Technical Sheet: Controlling temperature and pressure during hot isostatic pressing (HIP)
Tight tolerances are often requested when processing a component since they are very desirable for quality control, considering mechanical and dimensional tolerances, as well as time or resource savings. However, before defining the desired tolerances or ranges within which the equipment should work, it is important to understand what are the limitations of it and which physical mechanisms will happen during the process that cannot be controlled. With that in mind, this article will be about some aspects of how stable a hot isostatic pressing process can be, focused upon temperature and pressure control.
The main process parameters of hot isostatic pressing are the temperature, pressure and the dwell time. Besides that, heating and cooling rates can play an important role in the material or part properties, depending on the rates’ order of magnitude.
Therefore, to maintain reliability and control to the system in terms of temperature and pressure, two main hardware features of the machine should be taken care, respectively: the thermocouples and the sealing surfaces.
Yet for industrial applications, tight tolerances are often not required during HIP processes [1], it depends highly on the parameters applied during the process, being more difficult to maintain it at high pressures and high temperatures.
In the next sections it will be described how the use of different thermocouples can influence the measurement of temperature and its assurance. Further, how maintenance of the sealing surfaces provides a good pressure stability, yet small instabilities in pressure are normal in HIP due to densification mechanisms, especially for encapsulated parts.
Temperature accuracy
Before talking about thermocouples, it is important to mention that HIP vessels are distributed in different thermal zones, like floors, as showed in Figure 1. Number of thermal zones will depend on the size of the machine and how it is constructed. Each zone presents more than one thermocouple for redundancy.
Further, heating in hot isostatic pressing occurs not only by radiation, but as well through circulation of hot gases inside the furnace.
Between the heating elements and the pressure vessel, there is the heat shield, which prevents heat losses and protects the external hardware from the high temperatures.
Thermocouples
Thermocouples usually used in HIP vessels are Type S and Type B for control of temperature in the zones, or the pieces being treated. Type S is normally only used when special kind of certifications are required, for example for aerospace industry. Other kinds of thermocouples, such as type K, can be found in the system to control temperature of hardware parts, such as the top cover.

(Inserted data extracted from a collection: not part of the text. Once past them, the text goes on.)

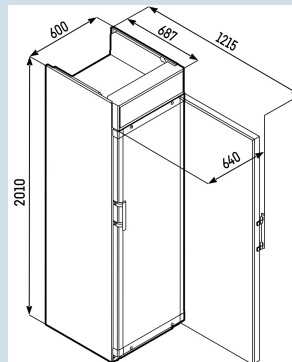

Behuizing / Kleur deur	Wit / Wit
Materiaal behuizing	Staal
Materiaal deur/deksel	Isolatieglas
Bruto inhoud totaal	403 l
Netto inhoud totaal	385 l
Energieklasse	
Energieverbruik per jaar	547 kWh
Energiekosten per jaar	€ 137,-
Energie efficiëntie index	32,3
Geluidsniveau	52 dB(A)
Klimaatklasse	CC2
Temperatuurklasse	K4
Geschikt voor omgevingstemperatuur van	+10°C tot 40°C
Koelmiddel	R600a
Aansluitwaarde	1,5 A
Warmteafgifte in kJ/h	634 kJ/h
Warmteafgifte in Wh	176 Wh

FKDv 4213

Comfort

EIA

Advies verkoopprijs € 1495

Afmetingen

Hoogte	201 cm
Breedte	60 cm
Diepte bij 90° geopende deur	121,5 cm
Breedte bij 90° geopende deur	60 cm
Diepte	68,7 cm
Tussenbouwbaar	Ja
Plaatsbaar tegen muur	Ja
Interieurhoogte	166 cm
Interieurbreedte	45,6 cm
Interieurdiepte	51,6 cm
Capaciteit 0,33 l blikjes	512
Capaciteit 0,33 l Longneck	256
Capaciteit 0,5 l PET	256
Capaciteit 1,0 l PET	129
Capaciteit 1,5 l PET	72
Netto gewicht / Bruto gewicht	79 kg / 85 kg
Hoogte verpakking	2080 mm
Breedte verpakking	624 mm
Diepte verpakking	694 mm

Overige

Soort Design	Switch
Materiaal interieur	Kunststof wit
Deur zelfsluitend	Ja
Deurscharniering	Rechts, wisselbaar
Greep	Stanggreep
Verwisselbaar deurrubber	Ja
Lengte aansluitsnoer	220 cm
Bruikbare diepte draagplateau	430 mm
Display	Mechanische besturing
Soort bedieningspaneel	Draaiknop
Positie bedieningspaneel	Achter de deur
Temperatuuraanduiding van	Koelgedeelte
Temperatuuraanduiding koeldeel	binnen analoog
Verlichting permanent schakelbaar	Ja
Slot	Ja
Stelpoten	2
Materiaal stelpoten	Edelstaal

Thermocouple Type K: these are nickel bases thermocouples usually with 10% of chromium (+) vs nickel with 5% of aluminum and silicon (-). Applicable for oxidizing or inert atmospheres with a temperature limit up to 1260 °C. Tolerance of reading is high in comparison with Type S and B, being almost +/- 2%, depending on the composition [2].
Thermocouple Type S: It has an operational temperature up to 1480 °C, and it is platinum (-) vs platinum-10%rhodium (+). It is very stable, but must be protected from metallic and non-metallic vapor, and it is suitable for air or inert atmospheres. Tolerance of this kind of thermocouple is very small compared to the other types, in the range of +/- 0.25% [2].
Thermocouple Type B: Made of platinum with addition of rhodium (30% (+) vs. 6% (-)) suitable for use until 1700 °C. Besides the working temperature, has the advantage over the thermocouple of Type S to be more resistance to grain growth, which could result into failure. However, requires the double of tolerance rate than type S (+/- 0.5%) [2].
Heat transfer inside the vessel
When the vessel is heating, it is very possible that the upper zone will be heated up faster than the others, since the density of heated gas decreases and it dislocates up within the furnace.
The effect of convection inside of the furnace will also depend on the pressure of the system, because with less gas the effect will be less pronounced. [3]
Pressure accuracy
To maintain the pressure of the system it is obviously important that it is leak checked. One way to avoid leakage is to perform inspection of the vessel at regular intervals to check for cracks, to prevent fatigue failure. Small cracks can already be identified in these inspections.
On a daily basis it is recommended that the furnace is maintained clean and without moisture. Both can not only damage the heating system, but also the pumping one.
By the processing of an encapsulated powder, a slight change of pressure can be seen during the dwell stage, due to the densification process of the capsule.
With the densification and subsequent reduction of volume of the piece inside of the HIP, it is possible to observe a slightly decrease in the system pressure, depending on the load volume and on how the parts have been filled and evacuated previous to the thermomechanical process, as represented in Image 2.
Overview
HIP is very reliable and has many advantages when applied for densification as a manufacturing or post-process. However, it is important to observe that even for calibrated thermocouples, there is a margin of measurement error from 0.25 to 0.5% of the temperature. Besides that, even with new vessels that have a very good control of temperature, it is possible, especially in heating up and cooling down, to see a difference between temperatures between the top and bottom zones, due to the convection mechanism.
Regarding pressure accuracy, small drops in pressure during dwell stage can help due to the densification of parts. This effect is more pronounced in PM cannisters, due to the low density previous HIP.
References
[1] ATKINSON, H. V.; RICKINSON, B. Hot Isostatic Pressing.(Book). Adam Hilger, 190, 1991, S. 1991.
[2] PARK, Richard M. Thermocouple fundamentals. Course Tech., Temp, 2010, S. 2-1.
[3] MEHRA, Raman K.; MAHMOOD, Shah; RUNKEL, Joe. Temperature control of hot isostatic pressing (HIP) furnace using model predictive and risk sensitive optimal controllers. In: Proceedings of International Conference on Control Applications . IEEE, 1995. S. 949-954.